# PROMPT:
Could you write out every record below exactly, leaving out any pictures?

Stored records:
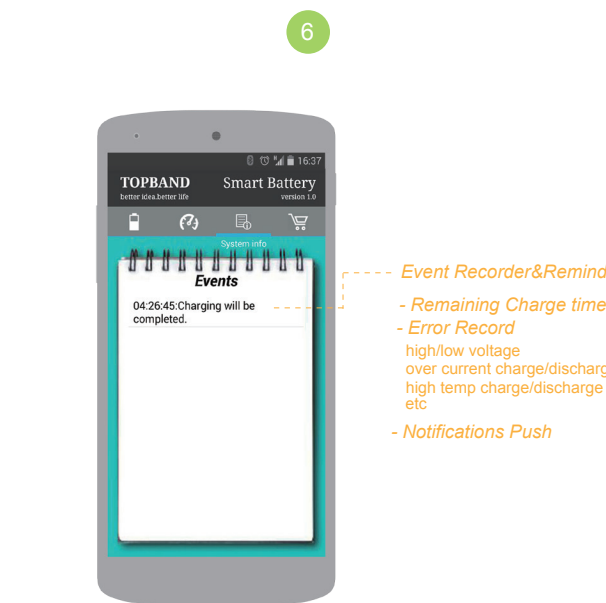

SEARCH&CONNECT

BASIC INFO

U.I.T.C INFO

SYSTEMS INFO

TIPS

1. Please make sure the app is the latest version.
2. Android phone need have the bluetooth4.0 and support BLE(bluetooth low energy) function.
3. Due to the bluetooth hardware feature, thee APP only support "one to one" mode.
4. This APP only can connect TOPBAND battery, can't not connect phone/tablet/or others device.
- 5.
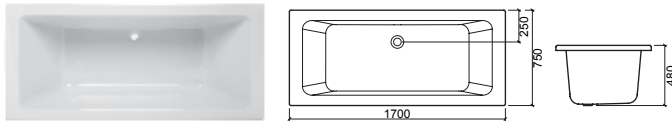

€ CR

805606	VÉRTICE HEADREST APPUI-TÊTE VÉRTICE	269X176X60	78.73
		CR. BLACK/NOIR	

BATHTUBS
BAIGNOIRES

BATHTUBS/BAIGNOIRES

PLAN

170x75

€ W/B € CR

803600	BATHTUB BAIGNOIRE	○ 1700X750X480	407.64	468.79
	[22.7Kg] [V] ø70			
82360100	WHITE KIT HYDRO BATHTUB ☞ BAIGNOIRE HYDRO KIT BLANC	☞ 1700X750X480	1361.95	1379.65
	[68.2Kg] [V] ø70			
82360111	CHROME KIT HYDRO ☞ BATHTUB BAIGNOIRE HYDRO KIT CHROME	☞ 1700X750X480	1361.95	1379.65
	[68.2Kg] [V] ø70			
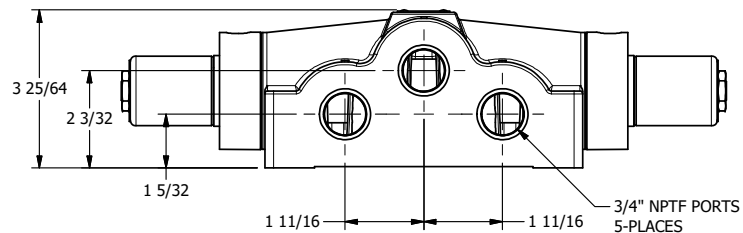

4

3

2

1

AAA
PRODUCTS
INTERNATIONAL

**AAA PRODUCTS
INTERNATIONAL**
7114 Harry Hines Blvd
Dallas, TX 75235

TITLE: 3/4" SIDE PORT, DBL SOL, 3 POS,
SPR CTR, SOL RTRN, CLSD CTR SPL,
CLASSIC SOL, LCKNG OVRD

DRAWING NO.:
DIM_SY60T

# TASK RESULT:
SEARCH&CONNECT

BASIC INFO

U.I.T.C INFO

SYSTEMS INFO

TIPS

1. Please make sure the app is the latest version.
2. Android phone need have the bluetooth4.0 and support BLE(bluetooth low energy) function.
3. Due to the bluetooth hardware feature, thee APP only support "one to one" mode.
4. This APP only can connect TOPBAND battery, can't not connect phone/tablet/or others device.
- 5.

€ CR

805606	VÉRTICE HEADREST APPUI-TÊTE VÉRTICE	269X176X60	78.73
		CR. BLACK/NOIR	

BATHTUBS
BAIGNOIRES

BATHTUBS/BAIGNOIRES

PLAN

170x75

€ W/B € CR

803600	BATHTUB BAIGNOIRE	○ 1700X750X480	407.64	468.79
	[22.7Kg] [V] ø70			
82360100	WHITE KIT HYDRO BATHTUB ☞ BAIGNOIRE HYDRO KIT BLANC	☞ 1700X750X480	1361.95	1379.65
	[68.2Kg] [V] ø70			
82360111	CHROME KIT HYDRO ☞ BATHTUB BAIGNOIRE HYDRO KIT CHROME	☞ 1700X750X480	1361.95	1379.65
	[68.2Kg] [V] ø70			

4

3

2

1

AAA
PRODUCTS
INTERNATIONAL

**AAA PRODUCTS
INTERNATIONAL**
7114 Harry Hines Blvd
Dallas, TX 75235

TITLE: 3/4" SIDE PORT, DBL SOL, 3 POS,
SPR CTR, SOL RTRN, CLSD CTR SPL,
CLASSIC SOL, LCKNG OVRD

DRAWING NO.:
DIM_SY60T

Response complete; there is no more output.